16 Comments
User's avatar
Adam's avatar

> The METR graph cannot be saved

I think this is not a helpful framing at all! Instead the question should be: how should and shouldn't I update my views based on the graph. Clearly it contains a bunch of signal and so the correct amount to update is not zero, and also clearly you need to think about how that signal generalises to other claims you might want to think about.

I think arguments like these about how well it generalises are most useful if they write down concrete predictions about exactly to what extent it will and won't generalise. We're working against the clock of rapid AI progress here, we can't pre-empt everything on the first shot, and so it's probably most valuable to do a good first version and then work to resolve the most important and decision-relevant differences in people's predictions based on the results of the first version (and the state of play more generally).

On the release of this paper some commentators (e.g. Gary Marcus, IIRC) said they expected that the exponential time horizon trend wouldn't generalise to other kinds of tasks outside of software engineering. I think (at least on some operationalisations) that claim was probably wrong, based on METR's follow-up investigating that question https://metr.org/blog/2025-07-14-how-does-time-horizon-vary-across-domains

In this post, I'm glad to see you predict that the baseliners on their initial suite took longer than a different sample would if incentivised differently. It might be helpful to write up a few of these predictions, and take them to METR (or your favourite non-METR research group that wants to do a replication) and see if we can get evidence on those too.

Nathan Witkin's avatar

This is fair, but to be very clear I am in fact claiming that the proper update is zero. It's not that there is no signal per se, but that there is far too much uncertainty / noise to tease out its details such that updating in any way would be distinct from a coin-flip. I suppose if you doubted AI was improving at all at software engineering, you could probably safely update to "it is," but I don't think anyone still doubts that.

I wish I had had space to address METR’s follow up comparing trendlines across domains. This is from another thread where I respond to the same criticism (OP also linked to the cross-domain time horizons):

With respect to the idea that “lots of different things measured lots of different ways show a similar pattern,” I disagree that the other benchmarks represented in the linked time horizon graph are “measured in lots of different ways.” On the contrary, they have many of the exact same issues as METR’s, and in some cases are worse. For instance: many of their time horizons are guesstimated by task annotators, rather than measured from human baselines. They also suffer from very similar task realism issues, and maybe most importantly the frontier labs are aggressively fine-tuning for all of them. So no, there are too many correlated sources of error here for these other benchmarks to speak to the robustness of METR’s.

As for writing up more concrete predictions, I will consider doing this, though I am busy so no promises.

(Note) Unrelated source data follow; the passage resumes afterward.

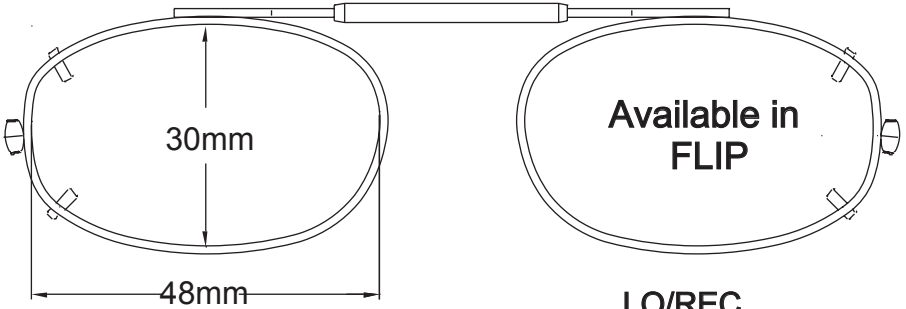

XLO 44

104mm/10.4cm

LO/REC

XLO 46

108mm/10.8cm

**Available in
FLIP**

LO/REC

XLO 48

113mm/11.3cm

**Available in
FLIP**

LO/REC

XLO 50

117mm/11.7cm

**Available in
FLIP &
Rimless**

LO/REC

XLO 52

120mm/12.0cm

**Available in
FLIP &
Rimless**

LO/REC

XLO 54

126mm/12.6cm

XLO 56

131mm/13.1cm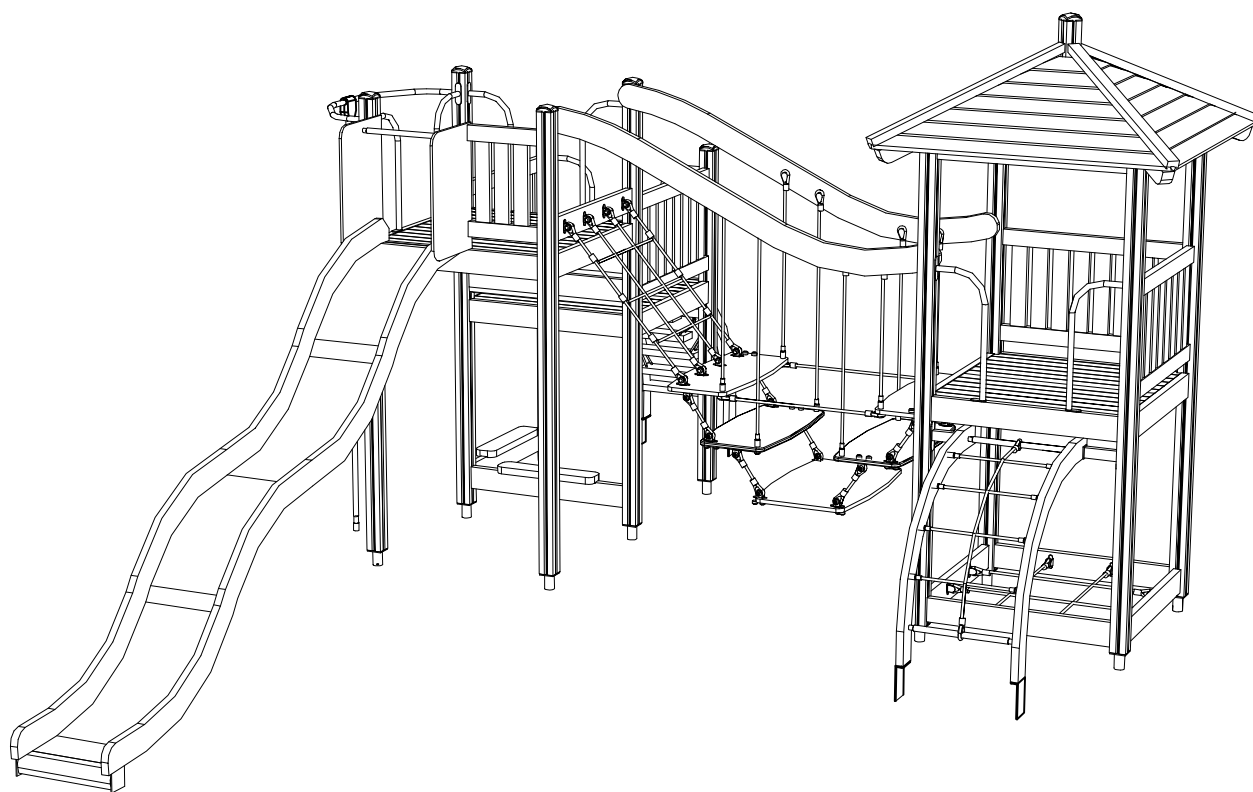

LAPPSET®

FINNO

ASENNUSOHJE
MONTERINGSANSVISNING
INSTALLATION INSTRUCTION
AUFBAUANLEITUNG
NOTICE D'INSTALLATION

REF: 120130
DATE: 1.4.2005

120130

001770  	PCS 2	001823  	PCS 1	001870  	PCS 1	002799  	PCS 1	003010  	PCS 1	003120  	PCS 2
003613  	PCS 1	003787   BLUE	PCS 4	003880  	PCS 1	005077  	PCS 1	005607  L 1104	PCS 3	005692  L 1104	PCS 5
006822  L 2250	PCS 2	006828  L 2850	PCS 8	007333  	PCS 2	008902  	PCS 1	008907  	PCS 1	900240  8x70	PCS 24
905051  Ø24/8.4	PCS 32	905104  M10	PCS 40	905120  Ø14	PCS 20	905138  GREY	PCS 6	905196  GREY	PCS 6	907043  L 2690	PCS 1
909238  8x90	PCS 32	909521  	PCS 10	909540 	PCS 8	980131  6x60	PCS 24		PCS		PCS
	PCS		PCS		PCS		PCS		PCS		PCS
	PCS		PCS		PCS		PCS		PCS		PCS

EN Impact Area 62.6 m²

<p>DET 1</p>	<p>DET 2</p>	<p>DET 3</p>	<p>DET 4</p>
<p>DET 5</p>			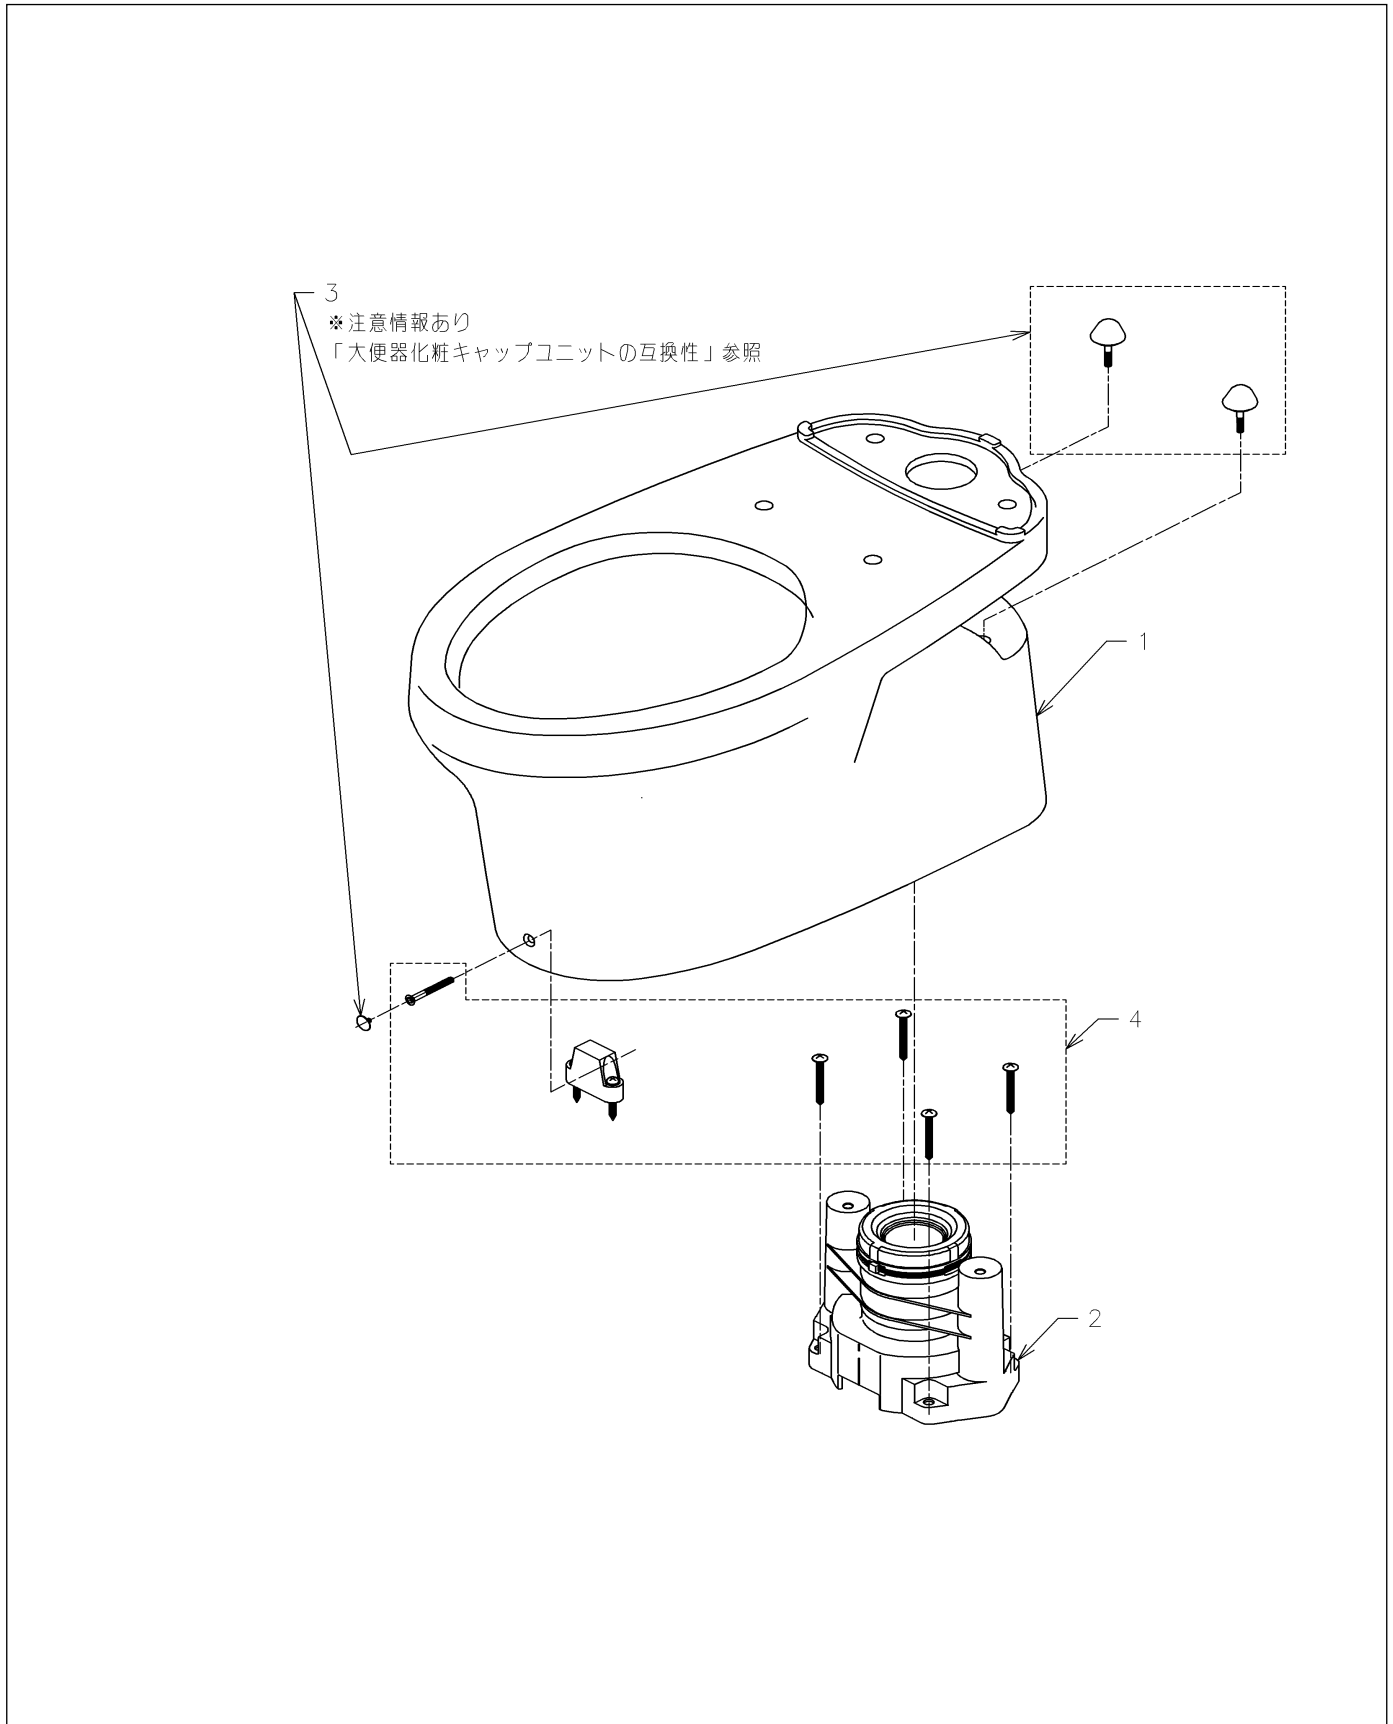

品番	CS393B	品名	腰掛式タンク密結形サイホン防露便器	1 / 3
----	--------	----	-------------------	-------

互換性に関する注意情報があります

必ず補修品リストで発注品番(色番、メッキ種別など含む)、数量をご確認ください。
 ただし、タンク、便器などの補修品は発注品番に色番を付加してご発注ください。図中の番号は図番になります。

品番	CS393B	品名	腰掛式タンク密結形サイホン防露便器	2 / 3
----	--------	----	-------------------	-------

- 互換性に関する注意情報
 ・大便器化粧キャップユニットの互換性

■特記事項 (1/2)

- ・タンク、便器などの補修品は発注品番に色番を付加してご発注ください。
- ・希望小売価格は代表色(パステルアイボリーほか)の価格を表示しています。色番によっては価格が変わる場合もございますので、ご注意ください。
- ・分解図、補修品リストは最新のものをお使いください。
- ・品番が掲載されていない部品につきましては、補修品が設定されておりませんので、補修品が設定されているセット単位での交換となります。品質保証上補修対応できないもの(工場管理の組付け部品など)は、補修品設定されておりませんので、あらかじめご了承ください。

【補修品リスト】 注1：発注品番の数量1個当たりの価格です。

図番	発注品番	品名	希望小売価格 (税込価格)注1	数量	材料	備考
01	C 393B	床置床排水大便器	-	1		色番指定が必要です。
02	HH02040	床排水ソケット	¥ 5,250 (¥ 5,775)	1		
03	HH03007S	化粧キャップセット	¥ 1,000 (¥ 1,100)	1		
04	HH04054	固定具類	¥ 2,350 (¥ 2,585)	1		

新旧製品識別方法

■旧型品番
 化粧キャップ:HH03007
 HH03008
 HH03014

六角式ボルト

■新型品番
 化粧キャップ:HH03007S
 HH03008S
 HH03014S

手締め式ボルト

《ポイント》
 旧型品はボルトの頭が、六角ねじ式、新型品は手締め式になっています。
 六角ねじですとスパナで締め込み過ぎ、排水ソケットを割ってしまう恐れがあるため、それを防止する意味で改善されました。
 化粧キャップや化粧パネルが付きまますので、外観上は何も変わりなく互換性もあります。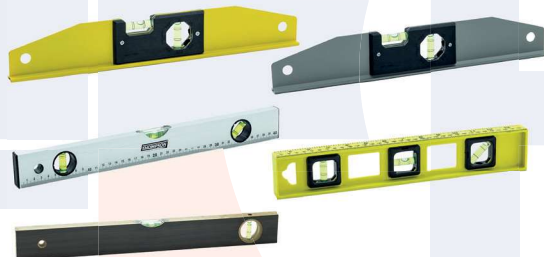

NÍVEIS

CÓD.	DESCRIÇÃO	MEDIDA	MARCA	UND.
04040	NÍVEL PVC 3 BOLHAS 12" 3 BOLHAS	30 CM	THOMPSON	PC
	NÍVEL TORPEDINHO BASE MAGNÉTICA 9"	21 CM	THOMPSON	PC
	NÍVEL BASE MAGNÉTICA 12"	30 CM	THOMPSON	PC
	NÍVEL BASE MAGNÉTICA 14"	35 CM	THOMPSON	PC
	NÍVEL DE ALUMÍNIO 10" 2 BOLHAS	25 CM	THOMPSON	PC
	NÍVEL DE ALUMÍNIO 12" 2 BOLHAS	30 CM	THOMPSON	PC
	NÍVEL DE ALUMÍNIO 14" 2 BOLHAS	35 CM	THOMPSON	PC
	NÍVEL PVC 3 BOLHAS 14" 3 BOLHAS	35 CM	THOMPSON	PC
	NÍVEL DE MADEIRA 10"	25 CM	THOMPSON	PC
	NÍVEL DE MADEIRA 12"	30 CM	THOMPSON	PC
	NÍVEL DE MADEIRA 14"	35 CM	THOMPSON	PC
	NÍVEL DE MADEIRA 16"	40 CM	THOMPSON	PC
	NÍVEL DE ALUMÍNIO 12" 3 BOLHAS	25 CM	THOMPSON	PC
	NÍVEL DE ALUMÍNIO 14" 3 BOLHAS	30 CM	THOMPSON	PC
	NÍVEL DE ALUMÍNIO 16" 3 BOLHAS	35 CM	THOMPSON	PC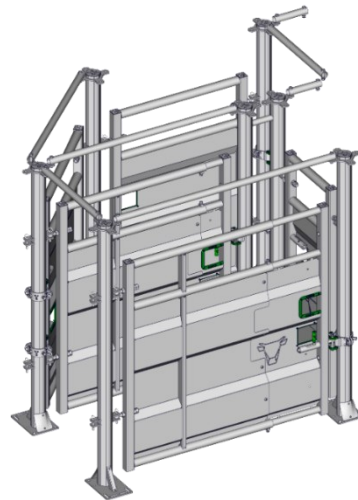

JOURDAIN
www.jourdain-group.com

C03136
C03137
C03156
C03157

**CHICANE COURTE ANTI-RECU
SHORT CHICANE NO REVERSE
CHICANA ANTI RETORNO
KURZE SCHIKANEN MIT RÜCKLAUFSPERRE**

C03136

C03156

C03137

C03157

2x SAC 578

1 X

X 2

X 1

X 3

X 2

**C03136
C03137**

X 3

X 2

C03157

1

1x SAC 584

X 14

2

3

2x SAC 121

4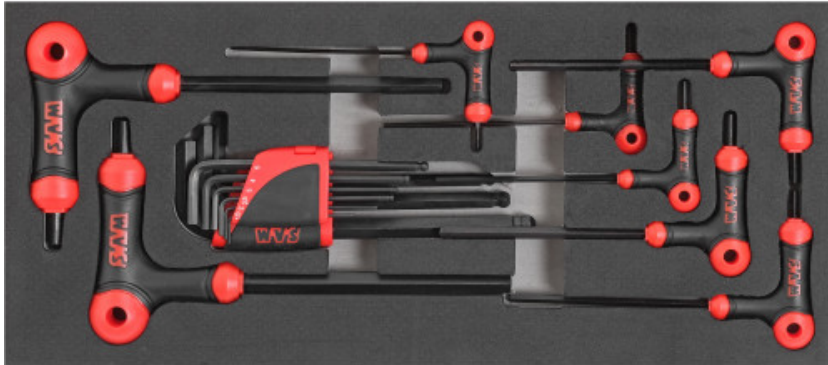

Sätze mit sechskant-stiftschlüsseln mit griff

60-PTJ17MM

SAM Outillage

10 rue Camille de Rochetaillée
42000 Saint-Etienne - France

RCS Saint-Etienne B 338 002 231 | SAS au capital de 8 189 583 €

<https://www.sam-outillage.de/>

Fotos und Textinhalte ohne Gewähr. Nach Gebrauch vorschriftsgemäß entsorgen. Dokument erstellt am 2024-04-30 03:54:16

BESCHREIBUNG

Sätze mit sechskant-stiftschlüsseln mit griff

Schaumstoffmodul mit Sechskant-Stiftschlüsseln mit Griff aus Bimaterial, L-Form Ausgestattet mit einer langen und einer kurzen Klinge. Brüniert.

SPEZIFISCHE DATEN

Bezeichnung	SCHAUMSTOFFMODUL STIFTSCHLÜSSEL MIT GRIFF SECHSKANT
Händlerangabe	60-PTJ17MM
Gewicht (g)	1130
Zusammensetzung	Schaumstoffmodul
Behälter	8

SAM Outillage

10 rue Camille de Rochetaillée
42000 Saint-Etienne - France

[>> Mehr erfahren](#)**Zusammensetzung**

	x 1	Gestell mit 9 sechskant-stiftschlüsseln mit kugelkopf, metrisch 67-AR9A
	x 8	Sechskant stiftschlüssel mit griff 60-PT... Ref : 2 - 2,5 - 3 - 4 - 5 - 6 - 8 - 10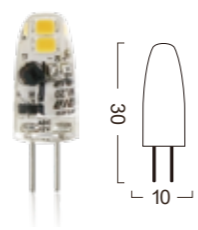

Power : 1.1W
Lumens : 100-120lm
Voltage : AC / DC 12V
CRI : >80
Beam Angle : 360°
Dimmable : Yes
LED quantity : 1 PC COB

G4-D02A

Power : 1.5W
Lumens : 150-180lm
Voltage : AC / DC 12V
CRI : >80
Beam Angle : 360°
Dimmable : Yes
LED quantity : 1 PC COB

G4-4LED

Power : 1W
Lumens : 80-100lm
Voltage : AC / DC 12V
CRI : >80
Beam Angle : 360°
Dimmable : Yes
LED quantity : 4 PCS LED

G4-8LED

Power : 1.4W
Lumens : 120-140lm
Voltage : AC / DC 12V
CRI : >80
Beam Angle : 360°
Dimmable : Yes
LED quantity : 8 PCS LED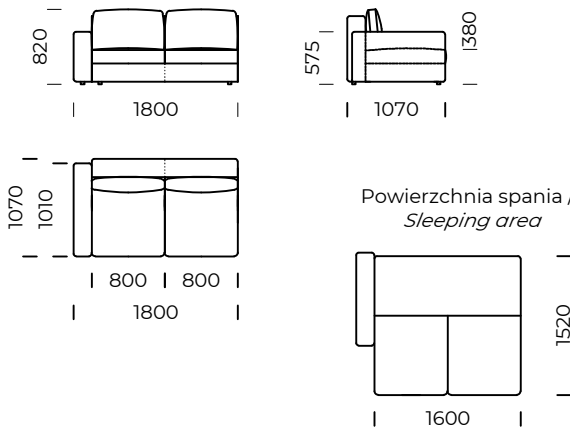

Siedzisko lewe B1 /
Left seat B1

POLINA

Siedzisko lewe A1 /
Left seat A1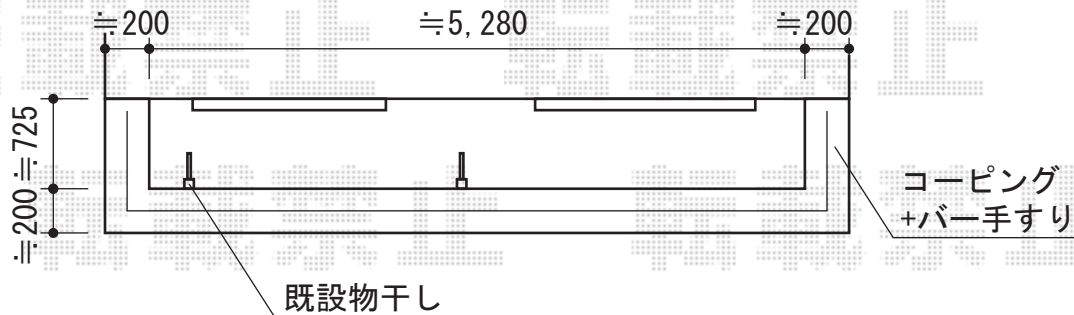

# カーポート・バルコニー屋根

トステム パワーアルファ L型 ルーフタイプ 単体 積雪~30cm対応  
 間口=関西間2.5間通し (方杖芯々5,045mm 屋根幅5,885mm)  
 出幅=3尺 (885mm)  
 色: シャイングレー  
 屋根材: ポリカーボネート (クリアマット/すりガラス調)  
 柱仕様: ルーフタイプ (柱無し)  
 施工方法: 全スパン下止め仕様

トステム ルーフ用竿掛け 4個入り  
 色: シャイングレー  
 追加部材: 取付部方杖セット追加

YKK AP レイナポート 積雪~20cm対応  
 幅=2,550mm  
 奥行=5,052mm  
 色: プラチナステン  
 屋根材: ポリカーボネート (トーメイマット/すりガラス調)  
 柱仕様: ハイルーフ柱仕様 (有効高 約2,355mm)

現場状況や作図制限により概略図の内容と多少の違いが生じることがございます。  
 施工時は、現場優先とさせて頂きたく思いますので、お立会い頂き、  
 最終のご指示のほど、何卒、宜しくお願い致します。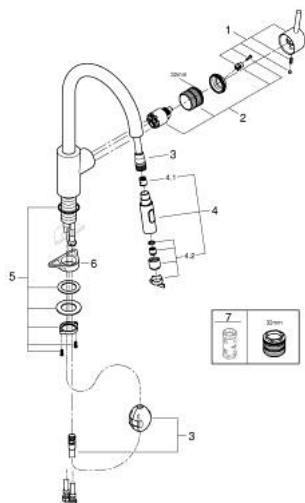

### PRODUCTOMSCHRIJVING

- Kleur: chroom
- hoge uitloop
- ééngatsmontage
- GROHE LongLife finish
- GROHE SilkMove 35 mm cartouche met keramische schijven
- Easy Docking Function: Na gebruik van de uittrekbare sproeier glijdt deze gemakkelijk terug naar zijn basispositie
- Protected Water Ways - Lood- en nikkelvrije gescheiden waterwegen
- Pull-Out - uittrekbare sproeier voor meer flexibiliteit
- Dual Spray - schakel tussen normale straal en douchestraal
- variabel instelbare debietbegrenzer
- draaibare buisuitloop, draaibereik 360°
- terugstroombeveiliging
- flexibele aansluitslangen
- metalen bevestigingsset
- maximale doorstroming (bij 3 bar): 9,5 l/min

### **RESERVEONDERDELEN** , mei 2022 – nu

- 1: Greep (Bestelnummer 46754000)
  - 2: Cartouche (Bestelnummer 46374000)
  - 3: Slang voor keukenmengkraan met sproeier of uittrekbare mousseur (Bestelnummer 48293000)
  - 4: Uittrekbare sproeier (Bestelnummer 48416000)
  - 4.1: Terugslagklep (Bestelnummer 08565000)
  - 4.2: Straalregelaar (Bestelnummer 48347000)
  - 5: Schachtbevestiging (Bestelnummer 48384000)
  - 6: Stabilisatieplaat (Bestelnummer 05334000)
  - 7: Sleutel voor bovenstuk  $\frac{3}{4}$  (Bestelnummer 19332000)\*
- \* Optionele accessoires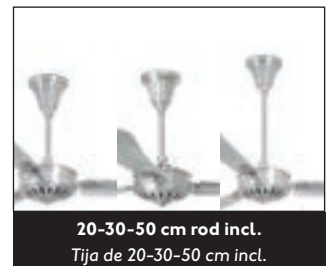

4 Blades/palas

Suitable for inclining roof
Apto para techo inclinado

More downrod
page 180
Más tijas página 180

without light sin luz

Aoba

Ceiling fan

MATERIAL

W / RPM

Thanks for the read and thoughtful comment.

Victualis's avatar

Your critique is reasonable. I agree with much of it. However, the interesting part of the graph really isn't the y-axis, which you point out has values pulled out of a sack marked "METR buddies doing random tasks, using weird metrics and incentives". The graph is getting attention because it shows a nice linear pattern on a graph with a linear horizontal axis and a logarithmic vertical axis, and maybe an even steeper more recent trend. This supports claims that LLM progress is continuing and that capabilities are advancing something like exponentially, and maybe that we recently see an even higher rate of improvement. The exact parameters of the curve are close to irrelevant if this really is exponential growth. Peter Thiel could hypothetically order 1000 Palantir coders to independently implement some difficult task related to their codebase, and use those timings as a more rigorous baseline, but the belief is that LLMs would show the same pattern on such a dataset.

I think there is a strong argument to be made that the fixed 50% threshold is a weakness. It's also a problem that the benchmark assumes that if a system has mastered at 50% some set of tasks, then it has also mastered all shorter duration tasks at at least 50% (which might not hold, as RL to prefer quick solutions to longer tasks might hurt correctness on shorter tasks). I can also accept that it's possible for the initial duration labels to be adversarially selected to facilitate apparent exponential progress (a nontrivial combinatorial problem but maybe worth investigating). I fully agree with you that trying to say anything about the absolute capability levels of LLMs based on the METR 50% graph is silly. But I'm not convinced your specific complaints undermine the main way that the graph has been interpreted as a claim about relative improvement over time.

Nathan Witkin's avatar

Thanks for the read and thoughtful comment. Your worry about the assumption that success at long tasks implies the same or a higher rate of success at shorter ones is a great point I hadn't considered.

I agree that the METR graph is enough to show that LLMs are improving relatively quickly at software engineering, although I'm not sure we can say that that improvement is exponential based on this benchmark alone.

I don't think, though, that the initial duration labels would have to be adversarially selected per se to give the appearance of exponential growth where there wasn't any. My concern is that time-horizons for the longer ~60% of tasks might be inflated by quite a bit, in which case correcting for that would make the curve much shallower. I think no matter what you'd still have exponential growth at the lower end of the x-axis, but I suspect that with a much larger, randomized sample that allowed for better pairing between tasks and domain-specific experts, you could see a pretty substantial tapering of the improvement rate somewhere along the x-axis.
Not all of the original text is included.